The discovery of galaxies from 13 billion years ago by the James Webb Space Telescope (JWST) and brand-new, cutting-edge numerical simulations of the first galaxies have provided astronomers in Italy with new insight into the nature of matter. The research adds yet another element to our understanding of the nature of matter in the universe.
While the widely accepted paradigm of structure formation is based on non-relativistic matter that interacts only gravitationally, or “cold” dark matter, alternative hypotheses proposed to address small-scale issues with the standard scenario rely on the idea that dark matter is composed of warm particles that have a small, non-negligible thermal velocity, or “warm” dark matter.
Dr. Umberto Maio, staff researcher at the Italian National Institute of Astrophysics (INAF), the Astronomical Observatory of Trieste, and the paper describing the discovery that was just published in Astronomy and Astrophysics state that “we found that the recent JWST galaxy detections in the first fraction of a billion years after the Big Bang are precious probes of the nature of matter.”.

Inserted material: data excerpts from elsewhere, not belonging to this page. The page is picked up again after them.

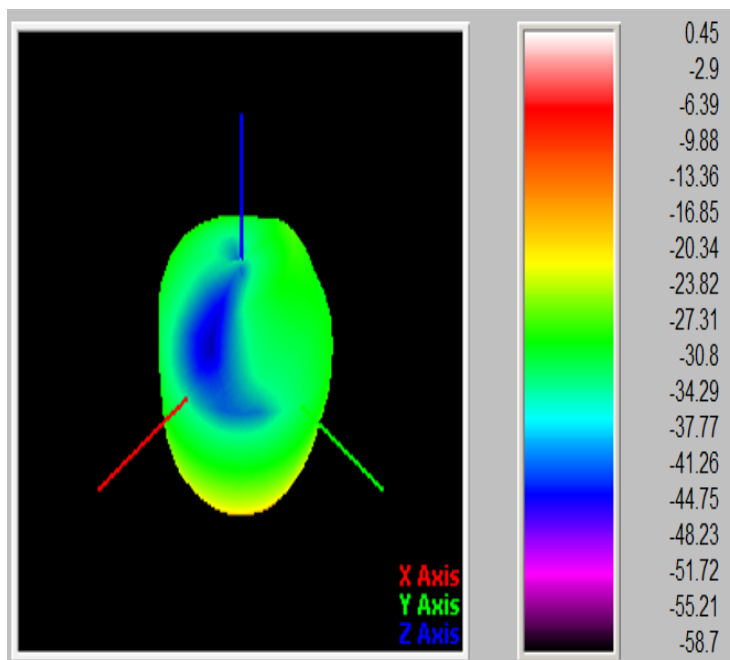

Efficient (2G+3G+4G+2. 4G-WiFi /BT)

PEAK GAIN			
2G:	Frequency range	Effi %	Gaim dBi
GSM850	824~894Mhz	26.55	0.45
GSM900	880~960Mhz	23.17	0.39
DCS1800	1710~1880Mhz	27.42	0.44
PCS1900	1850~1990Mhz	30.25	0.49
3G:			
W2	1850~1990Mhz	30.25	0.49
W5	824~894Mhz	26.55	0.45
4G:			
LTE-B2	1850~1990Mhz	30.25	0.49
LTE-B4	1710~2155Mhz	28.39	0.41
LTE-B5	824~894Mhz	26.55	0.45
LTE-B12	698~746Mhz	26.11	0.38
LTE-B13	746~787Mhz	25.84	0.39
LTE-B25	1850~1995Mhz	30.25	0.49
LTE-B26	814~894Mhz	26.55	0.45
LTE-B41	2500~2690Mhz	32.79	0.47
LTE-B66	1710-2200MHZ	28.39	0.41
LTE-B71	617~697.9Mhz	24.42	0.34
2. 4G-WIFI	2400~2500Mhz	38.56	1.05
BT	2400~2500Mhz	38.56	1.05
GPS	1575Mhz	36.23	1.15
5. 8G-WIFI	5100~5800Mhz	31.72	1.28

Efficient (617-697.9Hz)

Efficient (698-798MHz)

Efficient (791-894MHz)

Efficient (880-960MHz)

Efficient (1710-1880MHz)

Efficient (1880-1990MHz)

Efficient (1920-2170MHz)

Efficient (2300-2400MHz)

“We discovered that recent JWST galaxy detections in the first billion years after the Big Bang are valuable probes of the nature of matter,”Dr. Umberto Maio, staff researcher at the Italian National Institute of Astrophysics (INAF),
According to the research, the primary component of matter in the universe, dark matter, is composed of particles with masses greater than 2 keV that are either “cold” or only slightly “warm.” The study excludes dark-matter models with particle masses that are equal to or lighter than such a limit.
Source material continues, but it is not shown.